Of course, she was going to her death anyway.
The quest she had been given in the lost abbey had sealed her fate. She was to go to Naess, the seat of the Dochte Mandar, to seek the High Seer of the mastons—a woman—and learn the history of the Myriad Ones and how they had once infested and destroyed the kingdoms. It was the only way to save Comoros. But how could she possibly travel into the very heart of the place that had outlawed women to read or use the Medium?
Maia stared at the bark of a fallen redwood, the trunk slender and stricken with lichen and moss. Noises and clicks filled the gap in the conversation. She and the kishion were hurrying westward, trying to return to the shores of Dahomey, where the ship that had brought them, the Blessing of Burntisland, hopefully awaited. Though the kishion was as harsh as the unforgiving terrain they had wandered into, their journey was still beset with woes. Each night brought hordes of insects to torment them. Serpents were common—dangerous and poisonous. Clean water was scarce, but thankfully a path of Leerings had been left as waymarkers to the lost abbey.
Maia turned to the Leering she had slept beside. It was a tall, rounded stone, almost her height when she stood fully erect. There was a ravaged face carved into it, a face that had nearly been rubbed away by the centuries. All Leerings had faces carved into them and could channel the power of the Medium in some way, providing water, light, fire, heat—along with many other arcane powers. The Leerings had eased their journey.
Their rations had already vanished, but the kishion was adept at living off the land, even though the fare was not to her liking—lizards and rodents and sometimes bats for meat. She was starving for a decent meal and hoped they would reach the ship within the next few days. Sailing to her doom in Naess would almost be a relief so long as she had a bed to sleep on for the voyage.
“Let me check for bites,” the kishion said, motioning toward her ruined gown.
The front of the garment had been torn when the soldiers her father had sent as her protectors attempted to snatch the kystrel from her neck and choke her to death. She clenched the fabric tighter around her throat and shook her head. “When we reach the ship,” she said. “I don’t feel any bites.”
He snorted, shrugged, and rose, surveying the Leering and rubbing his bandaged hand across the rippled edges of the stone. He sniffed at it, his expression one of disgust or superstition, and waited for her to summon water for them to drink.
Maia brushed a mass of tangled hair behind her shoulder and bent at an angle next to the Leering so that the gushing waters wouldn’t soak her. She invoked the kystrel, and the fire-coal eyes of the Leering ignited instantly. Water began gushing from the slats where the mouth had once been carved. Maia rinsed her filthy hands first, scrubbing away the dirt and muck, feeling the cool clean water play across her fingers. She cupped water into her palms and gulped it down, coming again for another drink. Then a third. The excess water dribbled onto a small bed of silt at the base of the Leering.
The kishion took his turn once she was through, burying his head under the stream of cold water before tipping his scarred lips up to the flow and gulping down deep swallows. Maia rested her palm against the Leering.

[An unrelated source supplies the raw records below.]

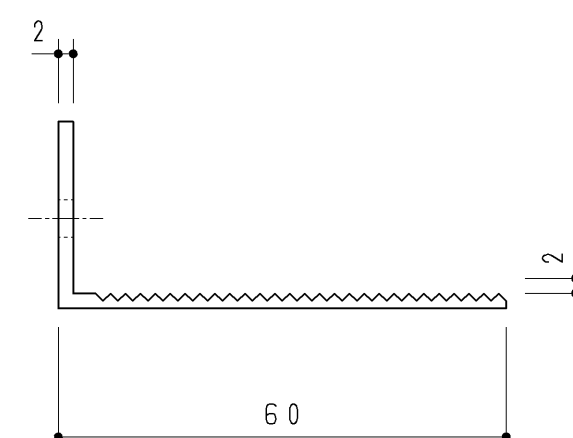

生産中止図面

2015/02

エンドスペーサー(L=101.5)
(共通部材)

<同梱部材>

品名	数量(仕様)
φ4×14+トラスTPねじ	5ヶ

・材質:PP

・色:グレー

エンドスペーサー(L=286/505/555)

・材質:PP

・色:グレー

UGA459	286	30	113	113
UGA460	505	60	192.5	192.5
UGA461	555	60	217.5	217.5
品番	L	S	M	P

改廃年月日	改新要領No.	事由	製品番号	製図				年月日				
・				<div style="text-align: center; font-size: 2em; font-weight: bold;">TOTO</div>				08.1.31				
・								製図	岩崎	検図	間瀬	笠原
・								品名	エンドスペーサーセット			
・				品番	UGA459/60/61				図面数			
・				尺度	1/1	投影法	三角法	材質	図番			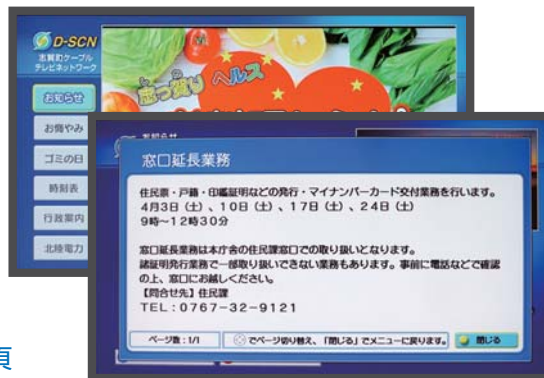

しかまちぐらし

志賀町での暮らし、移住に関する情報がわかります。

志賀町情報配信サイト

防災行政無線、CATV データ放送、登録制メールなどに配信された情報がわかります。

行政情報、防災情報などが発信されると、表示されます。

休日当番局当番医・薬局

休日に開業している地域の医療機関がわかります。

ごみカレンダー

ゴミ収集日の情報がわかります。

※新型コロナ関連情報

ワクチン接種や対応など、新型コロナウイルスに関する情報がわかります。

町からのいろいろな情報が「いつでも、文字で、何度でも」確認できる

しかチャンネルのデータ放送をご利用ください

「しかチャンネル」を見ているときに、**dボタン** 押しと、町からのいろいろな情報を見ることができます。

dボタン

詳しくは
「広報しか」
4月号13頁

データ放送のメニュー画面から、見たい情報を選んで確認できます。

インターネットを利用している人はそのまま利用可能、さらにお得になります！！

金沢ケーブルのインターネット加入者

10月から順次、IP音声告知端末を取り外しに伺いますが、金沢ケーブルでインターネットを利用している場合、端末取り外しの際、設定作業を行い、伝送可能速度が1ギガへ変更になります。

また月額利用額も値下がりします。

**より速く！
より安く！**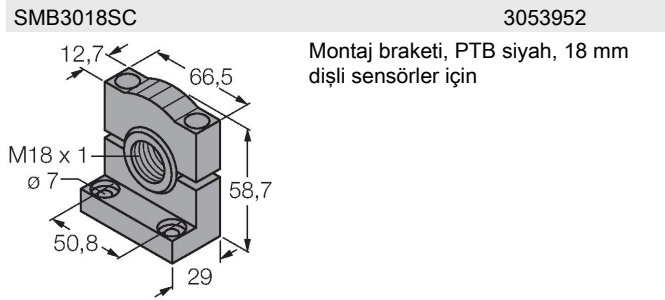

Özellikler

- M12 x 1 erkek konektör, 4 pimli
- Koruma sınıfları IP67/IP69K
- Ortam sıcaklığı: -40 °C...+70 °C
- Erkek M12 x 1

Kablo bağlantı şeması

İşlevsel prensip

Alıcı ve verici tek bir gövdede birleşiktir. Hedefin ışık yansımaları algılanır ve sensörün anahtarlama mesafesi büyük ölçüde hedefin yansımalarına bağlıdır.

Kazanç eğrisi

Mesafe ile bağlantılı kazanç

Teknik Veriler

IP Derecesi	IP67 IP69
Özel özellikler	Kapsüllü Wash down
Güç-açık göstergesi	LED, yeşil
Anahtarlama durumu	LED, sarı
Error indication	LED, yeşil, yanıp sönüyor
Aşırı kazanç göstergesi	LED
Alarm display	LED sarı yanıp sönüyor
Testler/onaylar	
MTTF	448 yılı SN 29500'e uygun (Ed. 99) 40 °C
Onaylar	CE, UL, CSA

Aksesuarlar

Aksesuarlar

Ölçekli çizim	Tip	Tanıt. no.	
RKC4.4T-2/TEL		6625013	Bağlantı kablosu, dişi M12, düz, 4 pimli, kablo uzunluğu: 2 m, kılıf malzemesi: PVC, siyah; cULus onaylı; diğer kablo uzunlukları ve kaliteleri mevcuttur, bkz. www.turck.com

Ölçekli çizim**Tip**

WKC4.4T-2/TEL

Tanıt. no.

6625025

Bağlantı kablosu, dişi M12, açılı, 4 pimli, kablo uzunluğu: 2 m, kılıf malzemesi: PVC, siyah; cULus onaylı; diğer kablo uzunlukları ve kaliteleri mevcuttur, bkz. www.turck.com

When her skin touched the stone, an image burst into her mind so sharp and clear it was as if a window to another place had opened and she could see both places at once.
Who are you?
The thoughts came from a man—a man kneeling in front of another Leering, another of the waymarkers leading to the lost abbey. She recognized his surroundings instantly, a grove of dead bones and rusted armor. It was the graveyard of some vicious battle where the participants had all slaughtered one another. The man’s hair and beard were ash blond; his countenance was tired and stained with grime. His black Dochte Mandar tunic was splattered with mud, and he clenched his own kystrel in his left hand.
Who are you, girl?
His fierce thoughts snatched at her mind, gripping her in a vise that bound her to the Leering. She could not move. She could not breathe. Soldiers wearing the uniform of Dahomeyjan knights scuttled around the man. Panic began to churn inside her. These men were also in the cursed woods . . . and they were hunting her. She could sense the blazing intensity of the blond man’s thoughts.
Maia tried to release the Leering, but her hand would not move. A surge of piercing power cut through her marrow and sinews, binding her fast.